Collection entries:

———

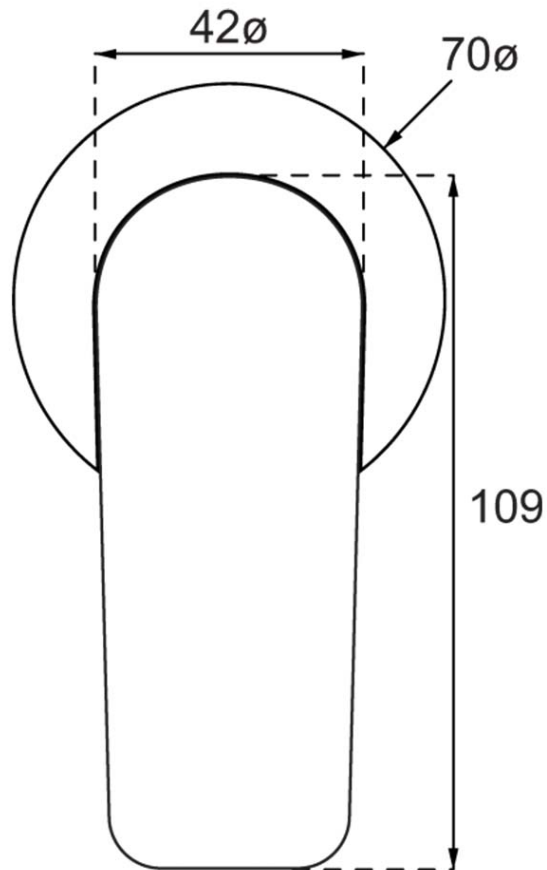

O.Novo Style Shower Mixer Trim

Brushed Gold

Product Image

Product Details

Code:	1167585B
Brand:	Villeroy & Boch
Range:	O.Novo Style
Warranty:	15 Years*
WELS:	N/A

Additional Features

Required Product
ColourChoice 7413300

Recommended Products

Additional Notes

- 35mm Ceramic Cartridge
- Compact 70mm Plate

Installation Instructions

- * NOT COMPATABLE WITH UNIVERSAL BODY
- * ONLY USE COLOURCHOICE BODY 7413300

Technical Specification

*Please visit argentaust.com.au/warranty to view the full warranty

Note: All dimensions are in millimetres and are subject to normal manufacturing variations. Always use the physical product measurements for cut-outs and rough-ins as the technical details shown may differ from the actual product. Use acetic cured silicone sealant. Do not use epoxy type adhesives. Clean with damp cloth. Do not use abrasive cleaners, liquids or pastes.

ColourChoice Shower Mixer Body

Product Image

Product Details

Code:	7413300
Brand:	Villeroy & Boch
Range:	ColourChoice
Warranty:	15 Years*
WELS:	N/A

Additional Features

Technical Specification

Required Product

———

• YOUR ASSIGNMENT: Transcribe the records above exactly, beginning at the line that contains "- * NOT COMPATABLE WITH UNIVERSAL BODY" and ending with the line that contains "the full warranty", both included, and nothing else.

• OUTPUT FOR THIS EXERCISE:
- * NOT COMPATABLE WITH UNIVERSAL BODY
- * ONLY USE COLOURCHOICE BODY 7413300

Technical Specification

*Please visit argentaust.com.au/warranty to view the full warranty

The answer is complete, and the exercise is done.